だって、調べて貰うんだから呼び捨ては失礼な気がして。

掌に載せたブラックトリガーを迅さんの部屋に置いてある机の上に置く。
レプリカ先生はブラックトリガーの近くまで降下して……口っぽいところからなんか出てきた!?


「ちょっと待って!? 本当に信用していいの!? 兄さんを食べる気じゃ」

「大丈夫、大丈夫。食べないから」


口と思われる場所から出てきたものに思いっきり叫んでしまったが、空閑君の言葉を信じてそのまま様子を見ておくことに。


「……なるほど。

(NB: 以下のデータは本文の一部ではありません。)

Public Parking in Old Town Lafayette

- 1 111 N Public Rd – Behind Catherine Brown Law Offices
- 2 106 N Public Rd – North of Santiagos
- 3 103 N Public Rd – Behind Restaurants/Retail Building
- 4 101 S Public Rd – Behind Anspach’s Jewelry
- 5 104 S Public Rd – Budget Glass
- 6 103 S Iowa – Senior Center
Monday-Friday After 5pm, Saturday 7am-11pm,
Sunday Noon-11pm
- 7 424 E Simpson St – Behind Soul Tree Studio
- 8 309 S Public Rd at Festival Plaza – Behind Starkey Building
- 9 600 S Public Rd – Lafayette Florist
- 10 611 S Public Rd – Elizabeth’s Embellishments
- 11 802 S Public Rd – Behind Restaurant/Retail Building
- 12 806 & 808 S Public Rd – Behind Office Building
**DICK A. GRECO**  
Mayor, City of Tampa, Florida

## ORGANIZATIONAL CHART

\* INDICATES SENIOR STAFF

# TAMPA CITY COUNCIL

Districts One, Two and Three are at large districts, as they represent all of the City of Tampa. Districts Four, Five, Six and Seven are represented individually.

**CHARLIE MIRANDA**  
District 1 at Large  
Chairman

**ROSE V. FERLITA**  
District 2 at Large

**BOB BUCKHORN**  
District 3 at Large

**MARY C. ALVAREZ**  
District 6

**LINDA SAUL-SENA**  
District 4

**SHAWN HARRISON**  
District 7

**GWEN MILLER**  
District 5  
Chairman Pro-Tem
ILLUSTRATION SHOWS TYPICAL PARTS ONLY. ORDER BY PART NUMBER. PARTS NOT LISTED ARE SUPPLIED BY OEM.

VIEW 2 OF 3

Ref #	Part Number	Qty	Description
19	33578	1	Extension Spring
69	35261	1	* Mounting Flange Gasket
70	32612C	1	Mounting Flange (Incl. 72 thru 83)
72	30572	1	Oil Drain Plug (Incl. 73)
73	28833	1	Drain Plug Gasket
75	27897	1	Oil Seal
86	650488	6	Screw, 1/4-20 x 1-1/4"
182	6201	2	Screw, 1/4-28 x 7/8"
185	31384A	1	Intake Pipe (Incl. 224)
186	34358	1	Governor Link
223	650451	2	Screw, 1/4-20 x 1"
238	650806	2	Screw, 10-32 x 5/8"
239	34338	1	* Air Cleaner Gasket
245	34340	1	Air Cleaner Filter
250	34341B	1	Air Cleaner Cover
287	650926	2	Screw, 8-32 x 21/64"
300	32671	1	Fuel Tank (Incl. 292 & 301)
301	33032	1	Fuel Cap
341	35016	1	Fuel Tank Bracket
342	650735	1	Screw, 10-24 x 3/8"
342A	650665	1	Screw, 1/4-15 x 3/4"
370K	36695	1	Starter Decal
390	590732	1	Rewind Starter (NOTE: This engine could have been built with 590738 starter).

これは時間がかかりそうだ」

「ナマエ先輩、時間大丈夫?」

「今日は防衛任務もないし、忍田さんに連絡すれば大丈夫」

「ならおれは飲み物淹れてくるよ」


レプリカ先生の言葉に、迅さんは3人分の飲み物を取りに部屋を出ていった。
私はベッドの上に腰掛けて携帯を取り出す。
忍田さんに自分が玉狛にいることと、帰宅が遅くなるかもしれないというメッセージを送った。

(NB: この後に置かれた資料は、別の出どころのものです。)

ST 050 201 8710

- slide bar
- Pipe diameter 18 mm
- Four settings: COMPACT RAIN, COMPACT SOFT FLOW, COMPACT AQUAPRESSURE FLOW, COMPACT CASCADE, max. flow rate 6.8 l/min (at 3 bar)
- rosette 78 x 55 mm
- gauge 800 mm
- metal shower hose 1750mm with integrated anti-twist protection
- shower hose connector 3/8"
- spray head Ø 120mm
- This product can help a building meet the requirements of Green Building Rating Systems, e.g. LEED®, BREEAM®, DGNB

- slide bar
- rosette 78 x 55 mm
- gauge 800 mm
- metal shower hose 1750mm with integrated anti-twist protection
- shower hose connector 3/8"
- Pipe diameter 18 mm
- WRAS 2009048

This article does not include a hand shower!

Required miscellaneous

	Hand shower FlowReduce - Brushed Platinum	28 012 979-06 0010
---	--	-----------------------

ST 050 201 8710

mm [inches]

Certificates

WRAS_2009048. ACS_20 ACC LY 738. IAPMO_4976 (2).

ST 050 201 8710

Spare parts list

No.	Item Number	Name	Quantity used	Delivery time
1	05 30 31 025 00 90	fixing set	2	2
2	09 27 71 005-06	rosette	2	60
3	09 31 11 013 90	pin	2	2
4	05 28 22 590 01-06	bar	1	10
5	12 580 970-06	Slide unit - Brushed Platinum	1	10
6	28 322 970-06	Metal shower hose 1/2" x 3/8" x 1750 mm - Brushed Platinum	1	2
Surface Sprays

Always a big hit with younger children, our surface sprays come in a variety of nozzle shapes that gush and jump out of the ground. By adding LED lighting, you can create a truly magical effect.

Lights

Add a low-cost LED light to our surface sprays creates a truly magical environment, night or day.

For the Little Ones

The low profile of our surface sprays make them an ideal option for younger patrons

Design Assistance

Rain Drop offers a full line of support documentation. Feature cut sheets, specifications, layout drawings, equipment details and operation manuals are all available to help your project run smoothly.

やることがなくなると、ただレプリカ先生をボーッと見つめるだけになってしまう。
……空閑君と二人っきりなんて初めてだ。なんか話した方がいいかな。
そう思っていると、空閑君が隣に座りこちらを向いた。


「さっきからずっとブラックトリガーの事を兄さんって呼んでるけど、あのブラックトリガーを作ったのは……」

「うん。……私の実の兄。4年半前に起きた第一次近界民侵攻でブラックトリガーに変わり果てちゃった……目の前で」


その光景は今でこそ少なくなったが、兄さんがブラックトリガーに変わり果てて暫くの間、毎日のように夢にその光景が出てきていた。
……何度それが夢だったらと思ったことか。


「私、昔はすごく弱くてね。ずっと兄さんに守ってもらってばかりだった。……だから、兄さんは私を庇ってあんな姿に……」


そうだ。
私が弱かったから兄さんは私を庇って致命傷を負った。
そして……ブラックトリガーになってしまった。


「迅さんから話は少し聞いた。すごく強い人だったって」

「生きていたら間違いなくボーダー1の実力者だった。……そんな人を私は死なせてしまった」


きっと生きていたら、兄さんにとってもっと楽しい人生があった。

毎日のように相手になってくれる後輩や先輩、同輩との模擬戦の楽しさ
誰かと部隊を組んでチームを結成し、上を目指す楽しさ
……その未来を私が潰した。


「だから私は強くならなくきゃいけない。……兄さんになれなくとも、兄さんの代わりになれるくらい強く。その穴を埋めるのは、死なせてしまった私の責務だから」


膝の上に置かれた自分の手を見つめ、ギュッと握り拳を作った。

……まだ足りない。全然兄さんに追いついてない。
もっと、強くならなきゃ___


「やっぱりそう思ってたか」

「!」


私の思考を遮るような鋭い声が聞こえた。
顔を上げれば、そこには3つのマグカップを乗せたお盆を持った迅さんが部屋に入ってきている所だった。